*Problem details:* In the data below, give the number of lines that contain the word "GROHE". Nothing else is needed.

*Collected data entries:*
____

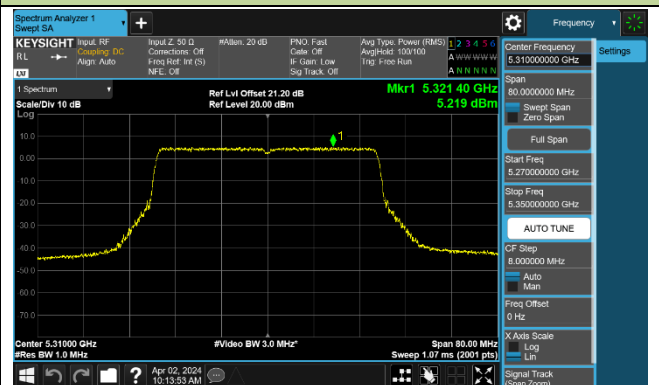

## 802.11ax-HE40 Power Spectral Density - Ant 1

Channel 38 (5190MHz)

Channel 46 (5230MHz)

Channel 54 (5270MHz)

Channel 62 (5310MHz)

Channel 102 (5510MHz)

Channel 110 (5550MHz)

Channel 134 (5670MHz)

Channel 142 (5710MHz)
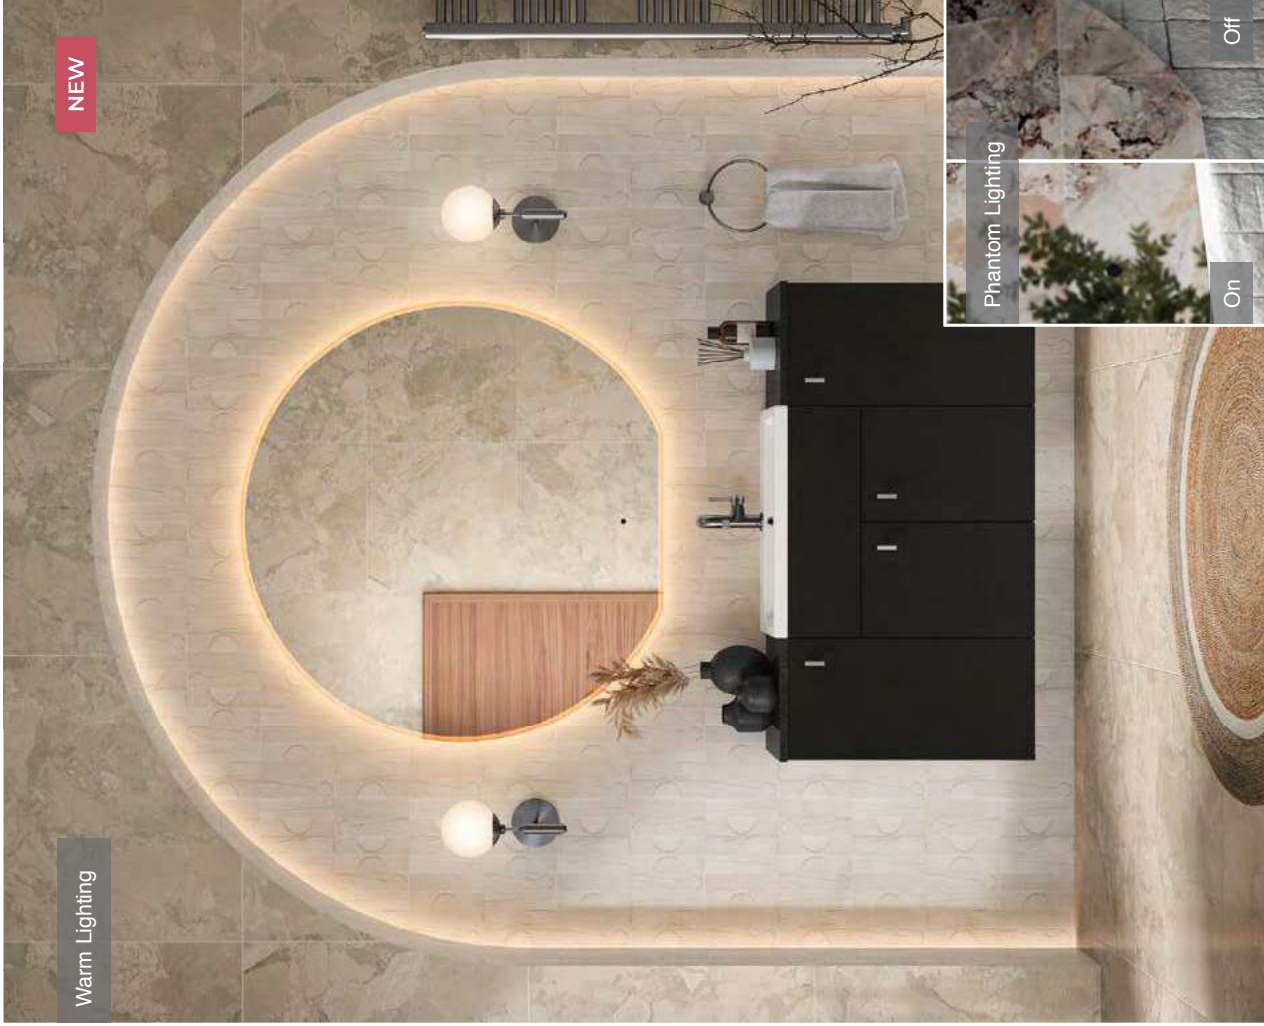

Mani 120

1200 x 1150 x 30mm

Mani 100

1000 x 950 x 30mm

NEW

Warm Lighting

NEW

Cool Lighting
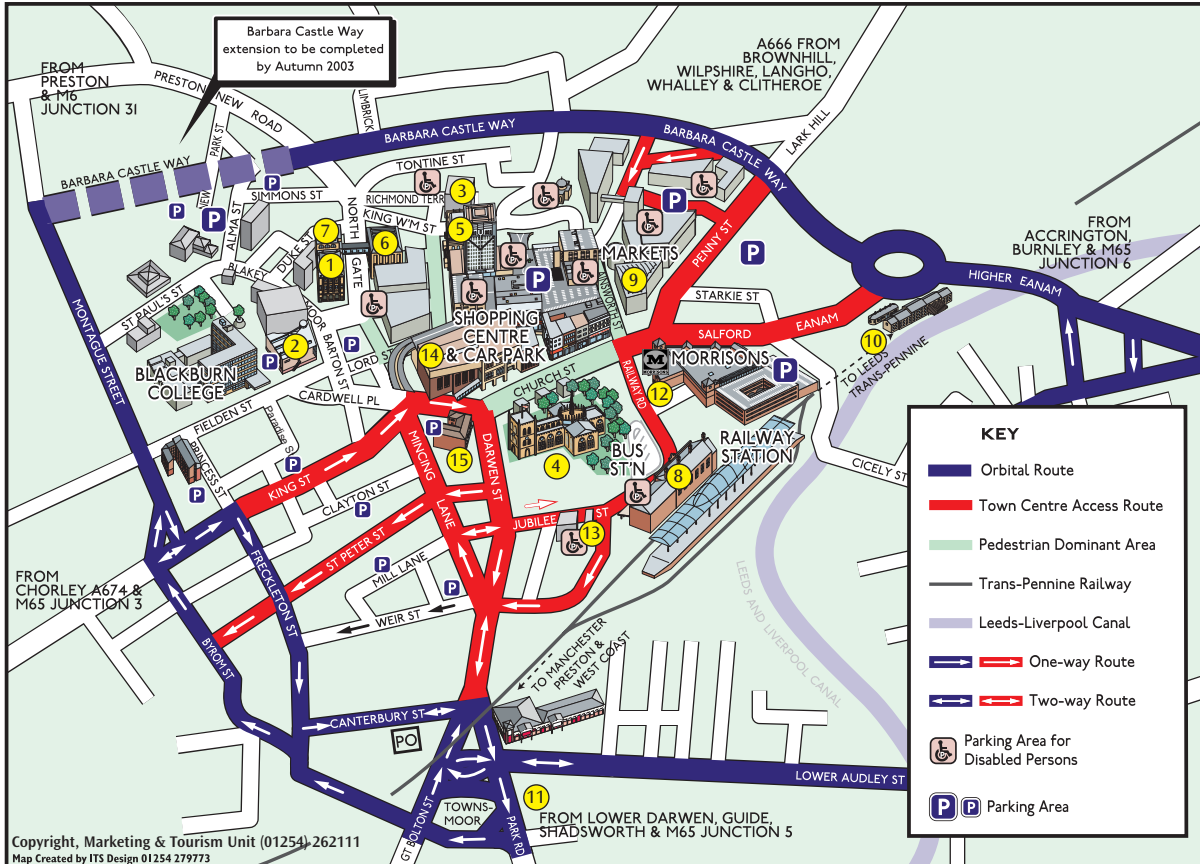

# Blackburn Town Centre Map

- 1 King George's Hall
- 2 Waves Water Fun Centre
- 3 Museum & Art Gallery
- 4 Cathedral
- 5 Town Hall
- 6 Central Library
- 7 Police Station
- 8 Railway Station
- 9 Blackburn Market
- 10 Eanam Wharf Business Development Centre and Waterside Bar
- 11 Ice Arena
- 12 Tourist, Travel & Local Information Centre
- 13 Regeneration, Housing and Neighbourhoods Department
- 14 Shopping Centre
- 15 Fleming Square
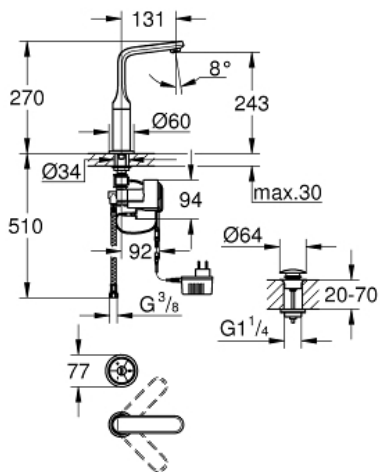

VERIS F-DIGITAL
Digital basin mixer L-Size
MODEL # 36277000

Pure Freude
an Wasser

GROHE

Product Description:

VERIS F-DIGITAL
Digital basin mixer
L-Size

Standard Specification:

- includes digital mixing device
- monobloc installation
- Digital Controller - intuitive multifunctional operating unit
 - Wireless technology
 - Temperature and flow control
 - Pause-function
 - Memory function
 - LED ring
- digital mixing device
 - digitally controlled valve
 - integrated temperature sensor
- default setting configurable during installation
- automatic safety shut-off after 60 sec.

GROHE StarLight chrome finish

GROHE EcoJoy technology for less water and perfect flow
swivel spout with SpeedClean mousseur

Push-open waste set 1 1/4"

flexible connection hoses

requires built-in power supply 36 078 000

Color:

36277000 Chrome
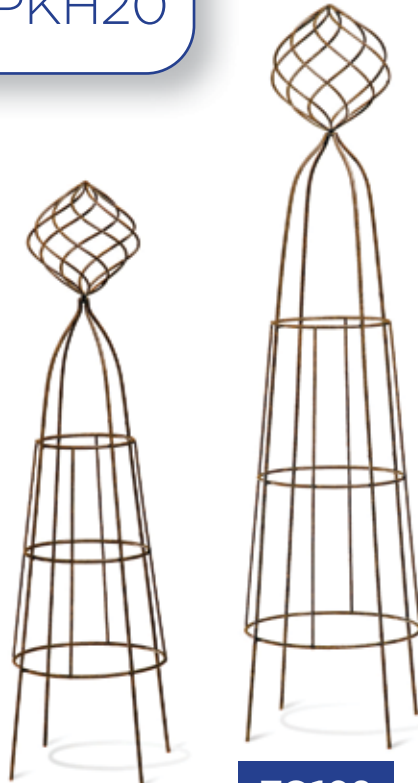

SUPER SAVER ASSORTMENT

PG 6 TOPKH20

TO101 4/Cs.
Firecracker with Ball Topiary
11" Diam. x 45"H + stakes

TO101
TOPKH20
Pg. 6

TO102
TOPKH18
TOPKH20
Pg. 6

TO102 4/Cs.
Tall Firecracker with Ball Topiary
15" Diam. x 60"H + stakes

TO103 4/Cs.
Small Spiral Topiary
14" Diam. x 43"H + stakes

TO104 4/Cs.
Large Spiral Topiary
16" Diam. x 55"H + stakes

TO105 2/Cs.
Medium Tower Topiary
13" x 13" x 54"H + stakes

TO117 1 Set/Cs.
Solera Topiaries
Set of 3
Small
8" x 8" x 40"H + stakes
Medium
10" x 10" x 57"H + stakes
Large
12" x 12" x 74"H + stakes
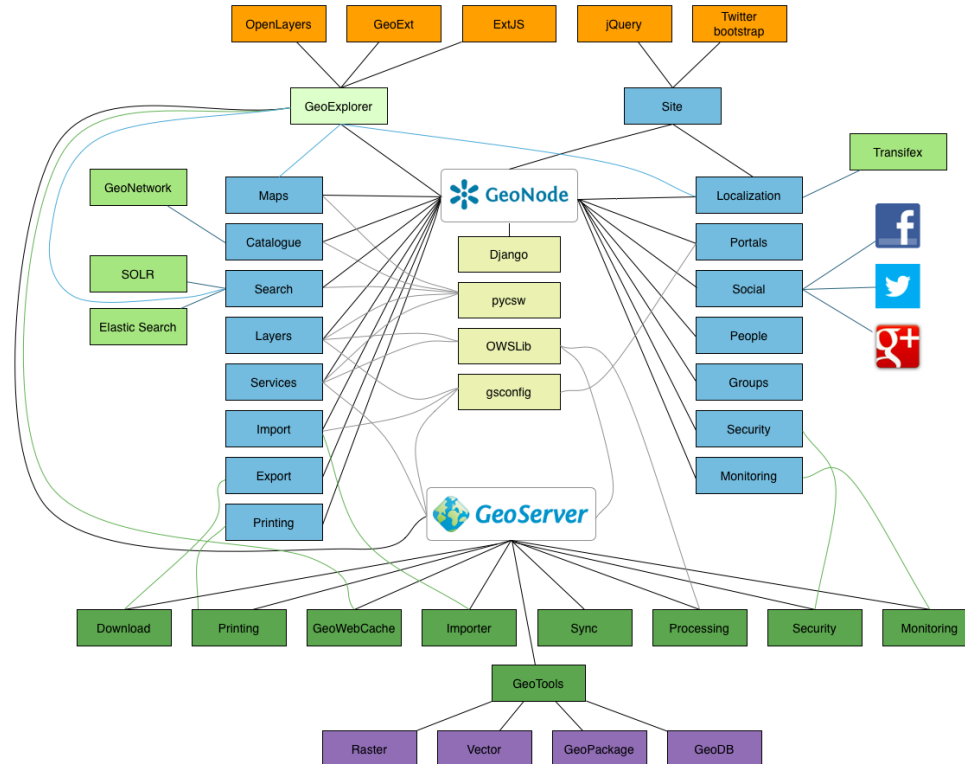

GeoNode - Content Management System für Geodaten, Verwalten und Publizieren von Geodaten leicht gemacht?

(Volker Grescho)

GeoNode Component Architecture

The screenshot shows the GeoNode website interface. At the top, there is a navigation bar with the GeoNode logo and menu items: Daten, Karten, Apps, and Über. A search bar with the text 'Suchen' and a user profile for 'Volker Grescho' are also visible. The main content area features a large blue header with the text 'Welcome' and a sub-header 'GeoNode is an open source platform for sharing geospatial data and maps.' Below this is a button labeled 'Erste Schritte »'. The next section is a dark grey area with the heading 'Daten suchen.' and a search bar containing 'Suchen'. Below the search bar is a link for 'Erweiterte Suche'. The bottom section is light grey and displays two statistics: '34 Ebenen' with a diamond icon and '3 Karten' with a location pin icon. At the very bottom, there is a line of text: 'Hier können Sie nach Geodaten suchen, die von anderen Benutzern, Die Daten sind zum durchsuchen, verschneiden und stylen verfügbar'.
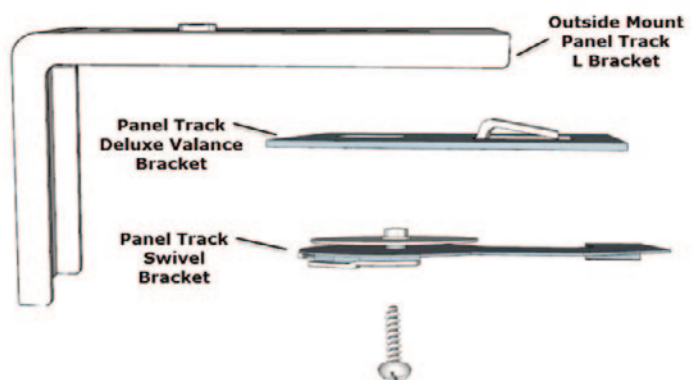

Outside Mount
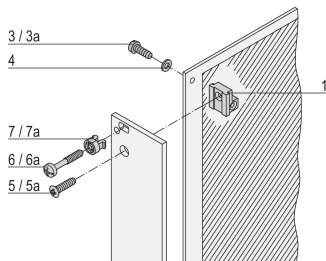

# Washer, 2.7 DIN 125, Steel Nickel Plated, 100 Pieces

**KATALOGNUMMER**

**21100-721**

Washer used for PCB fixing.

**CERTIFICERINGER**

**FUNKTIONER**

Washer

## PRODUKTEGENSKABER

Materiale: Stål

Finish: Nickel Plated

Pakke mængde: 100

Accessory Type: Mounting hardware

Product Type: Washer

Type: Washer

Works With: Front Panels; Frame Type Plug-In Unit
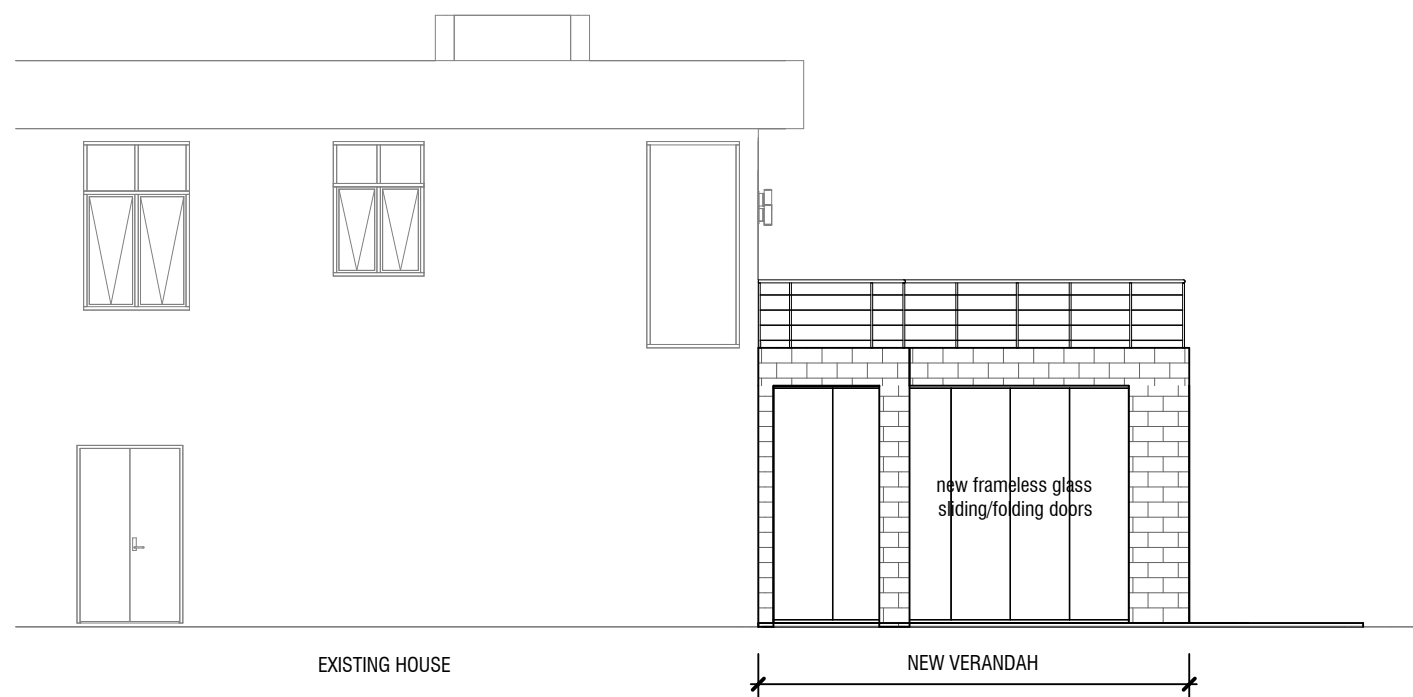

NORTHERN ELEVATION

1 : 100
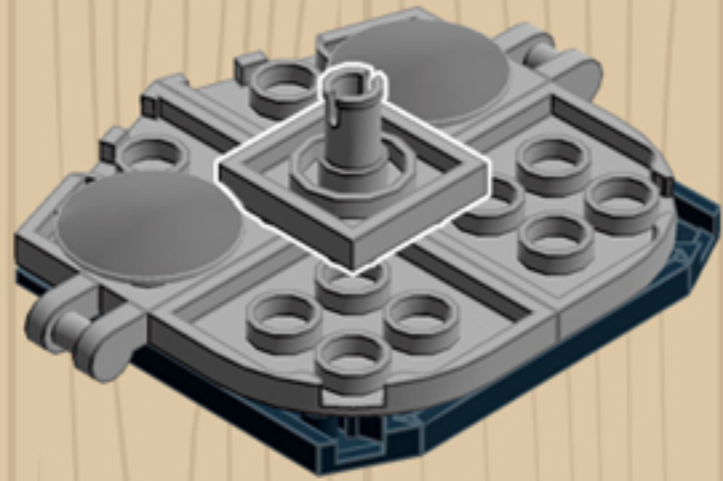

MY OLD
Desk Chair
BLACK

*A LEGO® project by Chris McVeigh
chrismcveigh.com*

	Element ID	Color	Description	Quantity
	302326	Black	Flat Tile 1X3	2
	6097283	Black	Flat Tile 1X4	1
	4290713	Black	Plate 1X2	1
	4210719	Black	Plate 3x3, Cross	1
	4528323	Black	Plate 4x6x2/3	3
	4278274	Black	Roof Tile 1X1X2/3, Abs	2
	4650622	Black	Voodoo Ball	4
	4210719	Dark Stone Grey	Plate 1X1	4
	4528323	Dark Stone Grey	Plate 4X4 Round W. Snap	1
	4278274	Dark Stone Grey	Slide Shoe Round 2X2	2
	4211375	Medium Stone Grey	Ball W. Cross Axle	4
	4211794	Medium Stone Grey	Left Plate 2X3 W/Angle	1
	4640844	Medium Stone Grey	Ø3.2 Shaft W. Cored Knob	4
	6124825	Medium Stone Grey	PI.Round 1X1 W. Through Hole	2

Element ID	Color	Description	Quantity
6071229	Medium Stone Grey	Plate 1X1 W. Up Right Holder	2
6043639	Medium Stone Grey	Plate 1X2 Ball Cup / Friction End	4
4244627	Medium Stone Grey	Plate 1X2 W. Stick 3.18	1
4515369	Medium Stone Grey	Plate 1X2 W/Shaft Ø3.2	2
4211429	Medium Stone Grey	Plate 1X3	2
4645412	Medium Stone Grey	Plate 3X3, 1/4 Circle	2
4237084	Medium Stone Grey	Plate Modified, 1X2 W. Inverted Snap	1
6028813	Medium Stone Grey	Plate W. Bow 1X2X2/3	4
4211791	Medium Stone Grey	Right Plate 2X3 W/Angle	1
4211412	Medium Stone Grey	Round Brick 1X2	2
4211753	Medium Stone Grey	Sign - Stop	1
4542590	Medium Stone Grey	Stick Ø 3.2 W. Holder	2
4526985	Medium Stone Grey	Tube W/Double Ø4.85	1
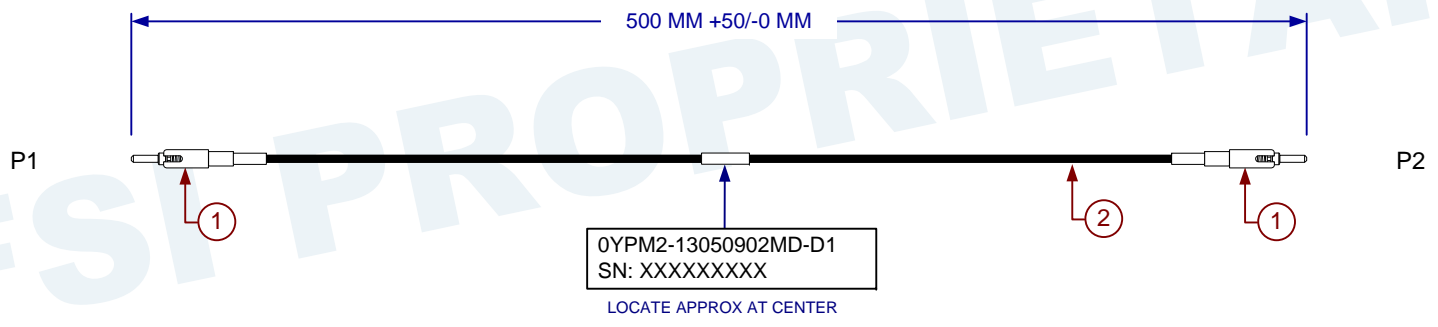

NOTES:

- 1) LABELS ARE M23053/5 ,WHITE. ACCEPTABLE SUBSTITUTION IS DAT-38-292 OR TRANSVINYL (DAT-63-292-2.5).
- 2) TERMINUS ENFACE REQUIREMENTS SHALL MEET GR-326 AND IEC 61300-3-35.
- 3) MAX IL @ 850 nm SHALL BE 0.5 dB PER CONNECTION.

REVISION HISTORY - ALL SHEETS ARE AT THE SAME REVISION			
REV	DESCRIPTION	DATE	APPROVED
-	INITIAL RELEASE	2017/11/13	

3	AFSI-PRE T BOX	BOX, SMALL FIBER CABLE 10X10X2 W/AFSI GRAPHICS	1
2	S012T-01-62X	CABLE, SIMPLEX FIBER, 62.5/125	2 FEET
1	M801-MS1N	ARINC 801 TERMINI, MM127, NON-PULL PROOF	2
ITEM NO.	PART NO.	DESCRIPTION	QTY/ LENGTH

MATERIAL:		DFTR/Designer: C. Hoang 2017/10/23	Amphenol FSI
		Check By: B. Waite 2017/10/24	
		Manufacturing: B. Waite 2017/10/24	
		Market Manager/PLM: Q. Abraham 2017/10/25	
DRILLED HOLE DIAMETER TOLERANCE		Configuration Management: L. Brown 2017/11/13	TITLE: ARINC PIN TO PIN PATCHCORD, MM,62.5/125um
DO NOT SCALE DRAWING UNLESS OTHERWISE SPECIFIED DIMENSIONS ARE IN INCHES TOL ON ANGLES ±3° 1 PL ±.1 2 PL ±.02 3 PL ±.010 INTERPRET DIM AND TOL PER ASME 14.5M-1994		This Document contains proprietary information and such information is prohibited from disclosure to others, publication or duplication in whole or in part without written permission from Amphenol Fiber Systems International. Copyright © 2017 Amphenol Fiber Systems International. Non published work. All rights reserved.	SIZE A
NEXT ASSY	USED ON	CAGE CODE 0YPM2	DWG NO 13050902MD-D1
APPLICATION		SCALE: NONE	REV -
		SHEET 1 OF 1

____

*Response:* 3